Was I starting to fall asleep too? Or was I entering an out-of-body experience? Could this be an alien-assisted glimpse into the future? Just contemplating the latter two options jolted me out of my impressions and back into the present. Accepting it as a weird pregnancy dream was much easier.

But if nothing else, I had to admit that my body felt lighter and calmer than it had in months; the notion that everything would be OK remained. I began to tear up with emotion, and mentally catalogued everything I’d seen on that mystical sleepwalk to write down in my journal later. Just in case.

The hour had come to an end.

Drayton was no longer in the room and my husband was staring out one of the 16 windows to the desert beyond. I still wasn’t entirely sure what a sound bath was.

This post originally appeared on ABC News.

Round and Round We Go

 

 Joni Mitchell once famously sang that, "you don't know what you've got 'till it's gone." I think of this line often when staring at my reflection of late.

Where once my collarbone softly spilled into my chest, two ballooning orbs now float and bob. Where the curve of my waist used to nip inward it now swells, soft and round where it had been slim and taut. My thighs have thickened, my feet are puffy, my face appears fuller than it has in years. Even the skin along my back has acquired a layer of padding. A plush toy that swallowed the action figure.

Perhaps the most frustrating part of this transformation is that I must submit to it. I have ceded control of my body, and there is no alternative. No juice cleanses, no calorie restrictions, no strict running regimens or intensive workouts. Not now and not for at least three more months.

I cannot even drown my sorrows in rosé.

But the tradeoff for all of these indignities, well into my 26th week, is the miraculous sensation of activity from within.

At first, the taps came softly—a private Morse code only we two could share.
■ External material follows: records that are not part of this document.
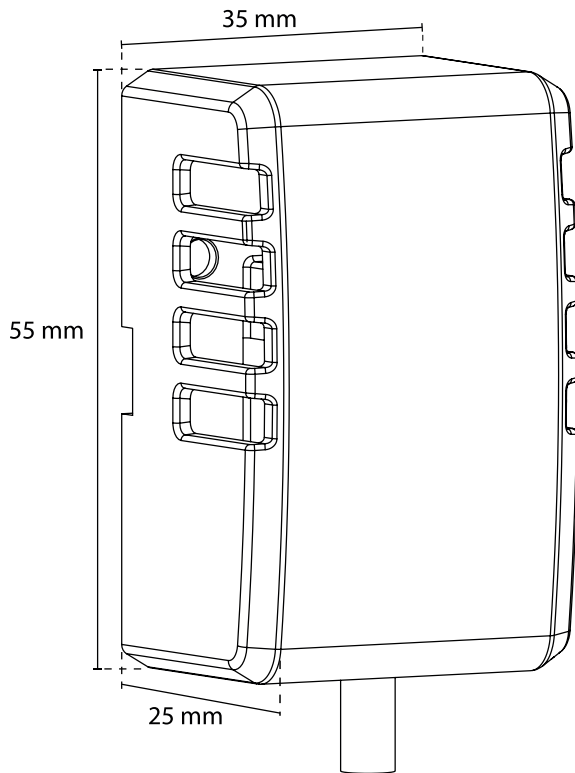

INSTRUCTION

External RH sensor for CDP-(T)/CDF 40-50-70

1

2

3

4

5

6

7

8

9

10

11

12

13

14

15

16

17

18

19

052506
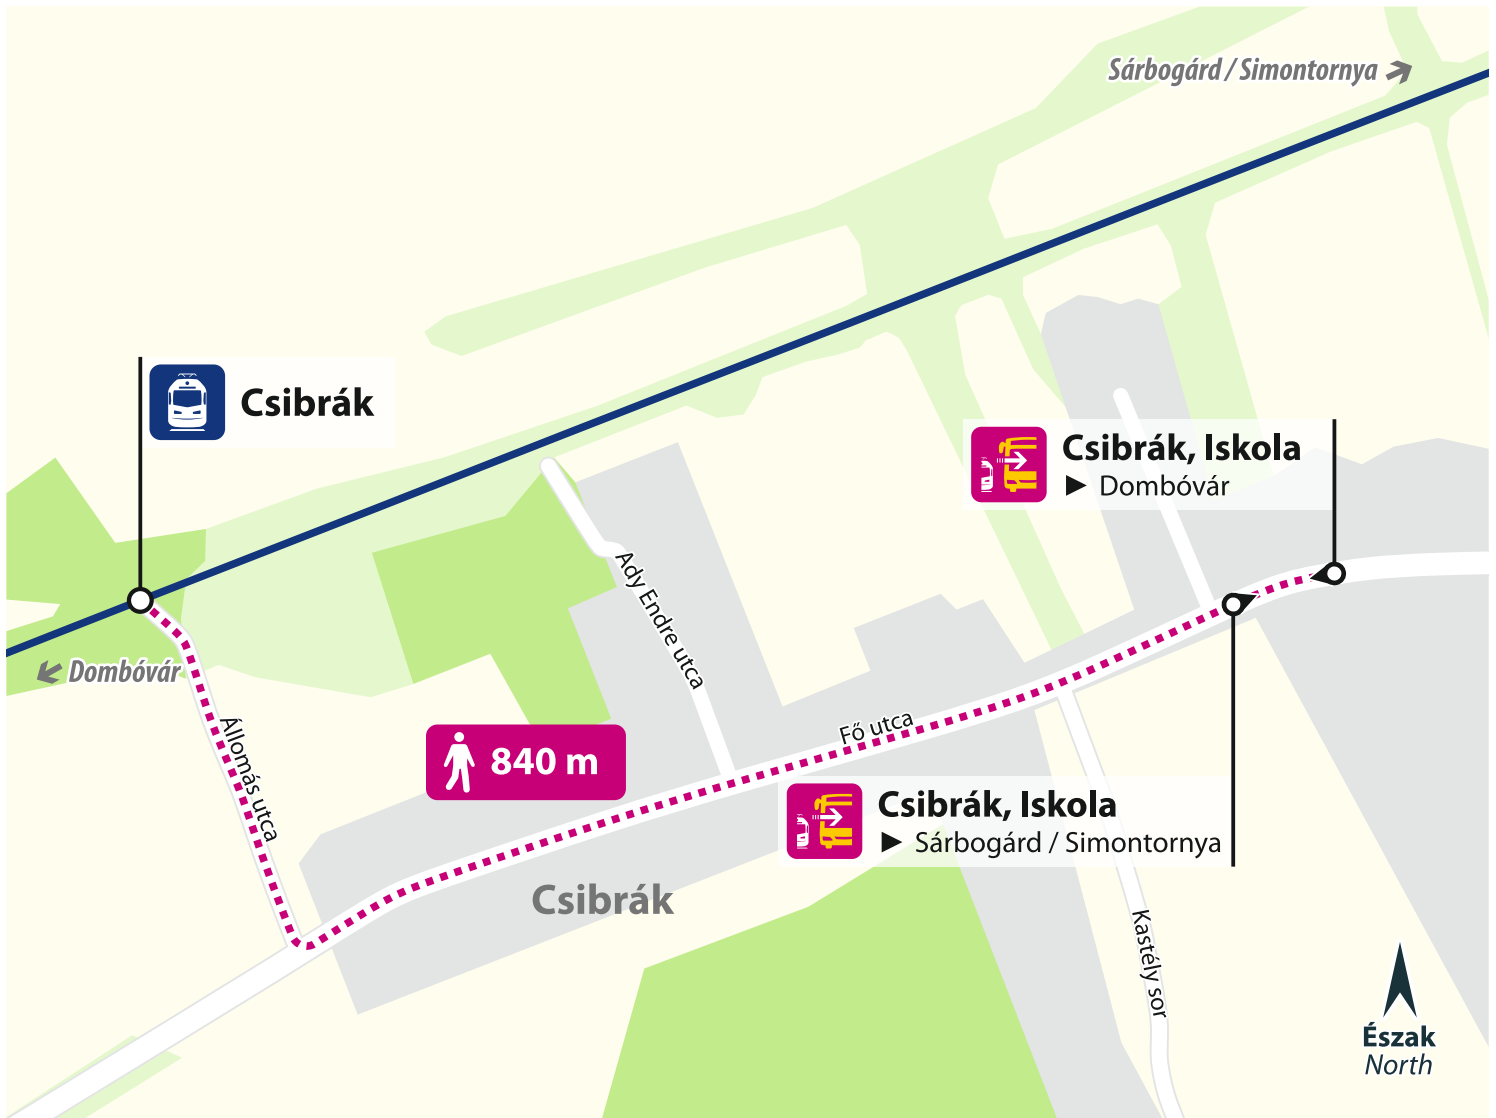

## Szakály-Högyész

**Buszmegálló / Bus stop:**  
Szakály, Vasútállomás bejárati út

towards  
Dombóvár  
felé

towards  
Sárbogárd / Simontornya  
felé

**Eljutási útvonal / Access route:**  
Vasút sor ► Árpád utca (250 m)

## Dúzs

**Buszmegálló / Bus stop:**  
Dúzs, Autóbusz-váróterem

towards  
Dombóvár  
felé

towards  
Sárbogárd / Simontornya  
felé

**Eljutási útvonal / Access route:**

Kert sor ► Nefelejcs utca ► Béke utca (400 m)

## Csibrák

**Buszmegálló / Bus stop:**  
Csibrák, Iskola

towards  
Dombóvár  
felé

towards  
Sárbogárd / Simontornya  
felé

**Eljutási útvonal / Access route:**  
Állomás utca ► Fő utca (840 m)

## Döbrököz

**Buszmegálló / Bus stop:**  
Döbrököz, Autóbusz-váróterem

towards  
Dombóvár, Sárbogárd / Simontornya  
felé

**Eljutási útvonal / Access route:**  
Kapos utca ► Újtelep utca (500 m)

Then one morning, half-awake as the sun peeked through the curtains, Kai was finally able to feel the gentle thumps I'd been describing to him for weeks. Now I receive kicks and pokes so regularly and so powerful, at times my stomach visibly vibrates and sways.

Such movements startle me from lingering too long in any self-conscious inner dialogue and, with a swift right foot to the hip, command, "Hey, snap out of it!"

It's all just part of the process, his rhythmic punches duly remind me. A blip in time, thrum his tiny feet. A temporary cosmetic discomfort, jab those littlest of elbows. Don't sweat it. Have another piece of cake. Enjoy the softness while you still can.